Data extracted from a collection
--

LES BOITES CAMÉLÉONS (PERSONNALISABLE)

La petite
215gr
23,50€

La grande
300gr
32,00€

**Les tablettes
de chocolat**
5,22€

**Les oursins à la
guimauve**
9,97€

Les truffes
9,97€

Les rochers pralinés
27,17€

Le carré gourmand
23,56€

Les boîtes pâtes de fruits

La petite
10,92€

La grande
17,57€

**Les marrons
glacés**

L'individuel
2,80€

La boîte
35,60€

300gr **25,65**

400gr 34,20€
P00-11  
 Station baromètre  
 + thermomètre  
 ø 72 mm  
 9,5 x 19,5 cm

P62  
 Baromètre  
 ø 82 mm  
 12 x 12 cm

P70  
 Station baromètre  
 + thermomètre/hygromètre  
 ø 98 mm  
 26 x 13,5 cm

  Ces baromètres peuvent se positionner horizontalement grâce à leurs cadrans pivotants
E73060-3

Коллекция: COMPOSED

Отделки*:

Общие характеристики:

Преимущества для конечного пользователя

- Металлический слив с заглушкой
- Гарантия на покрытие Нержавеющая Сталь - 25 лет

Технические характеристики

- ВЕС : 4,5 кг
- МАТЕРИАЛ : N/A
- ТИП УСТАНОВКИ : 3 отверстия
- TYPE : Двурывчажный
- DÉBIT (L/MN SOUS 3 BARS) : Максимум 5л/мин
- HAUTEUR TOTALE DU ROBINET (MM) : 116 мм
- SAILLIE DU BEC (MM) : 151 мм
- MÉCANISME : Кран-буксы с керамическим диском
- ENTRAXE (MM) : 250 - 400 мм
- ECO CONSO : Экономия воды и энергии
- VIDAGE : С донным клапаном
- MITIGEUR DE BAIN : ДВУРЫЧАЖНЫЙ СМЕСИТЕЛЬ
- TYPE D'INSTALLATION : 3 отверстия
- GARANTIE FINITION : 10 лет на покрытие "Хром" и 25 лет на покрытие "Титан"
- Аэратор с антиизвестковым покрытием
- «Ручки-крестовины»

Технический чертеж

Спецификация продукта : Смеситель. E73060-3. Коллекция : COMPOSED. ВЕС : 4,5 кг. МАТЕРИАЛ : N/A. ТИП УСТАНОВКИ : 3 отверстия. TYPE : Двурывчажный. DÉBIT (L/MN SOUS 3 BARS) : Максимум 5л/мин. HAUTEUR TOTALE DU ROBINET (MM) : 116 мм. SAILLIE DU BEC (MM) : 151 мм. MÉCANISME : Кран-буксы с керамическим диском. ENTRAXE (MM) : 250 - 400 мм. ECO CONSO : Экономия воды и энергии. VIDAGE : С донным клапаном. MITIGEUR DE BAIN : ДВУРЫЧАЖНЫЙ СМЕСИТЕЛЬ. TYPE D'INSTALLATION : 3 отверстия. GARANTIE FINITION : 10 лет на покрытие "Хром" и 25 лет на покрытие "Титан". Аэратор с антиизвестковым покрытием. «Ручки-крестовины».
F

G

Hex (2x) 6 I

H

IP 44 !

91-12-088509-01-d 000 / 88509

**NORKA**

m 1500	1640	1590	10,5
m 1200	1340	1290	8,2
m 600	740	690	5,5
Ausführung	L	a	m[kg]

--

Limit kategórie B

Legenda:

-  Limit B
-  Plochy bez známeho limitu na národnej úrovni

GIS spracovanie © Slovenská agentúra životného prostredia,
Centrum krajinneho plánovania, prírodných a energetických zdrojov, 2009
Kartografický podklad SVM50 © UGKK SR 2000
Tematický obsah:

--

WHAT THIS TASK INVOLVES
Copy word for word the stretch of entries above from the line that has "Ces baromètres peuvent" through the line that has "Технический чертеж", both ends included, and nothing outside it.

RESPONSE AREA
  Ces baromètres peuvent se positionner horizontalement grâce à leurs cadrans pivotants
E73060-3

Коллекция: COMPOSED

Отделки*:

Общие характеристики:

Преимущества для конечного пользователя

- Металлический слив с заглушкой
- Гарантия на покрытие Нержавеющая Сталь - 25 лет

Технические характеристики

- ВЕС : 4,5 кг
- МАТЕРИАЛ : N/A
- ТИП УСТАНОВКИ : 3 отверстия
- TYPE : Двурывчажный
- DÉBIT (L/MN SOUS 3 BARS) : Максимум 5л/мин
- HAUTEUR TOTALE DU ROBINET (MM) : 116 мм
- SAILLIE DU BEC (MM) : 151 мм
- MÉCANISME : Кран-буксы с керамическим диском
- ENTRAXE (MM) : 250 - 400 мм
- ECO CONSO : Экономия воды и энергии
- VIDAGE : С донным клапаном
- MITIGEUR DE BAIN : ДВУРЫЧАЖНЫЙ СМЕСИТЕЛЬ
- TYPE D'INSTALLATION : 3 отверстия
- GARANTIE FINITION : 10 лет на покрытие "Хром" и 25 лет на покрытие "Титан"
- Аэратор с антиизвестковым покрытием
- «Ручки-крестовины»

Технический чертеж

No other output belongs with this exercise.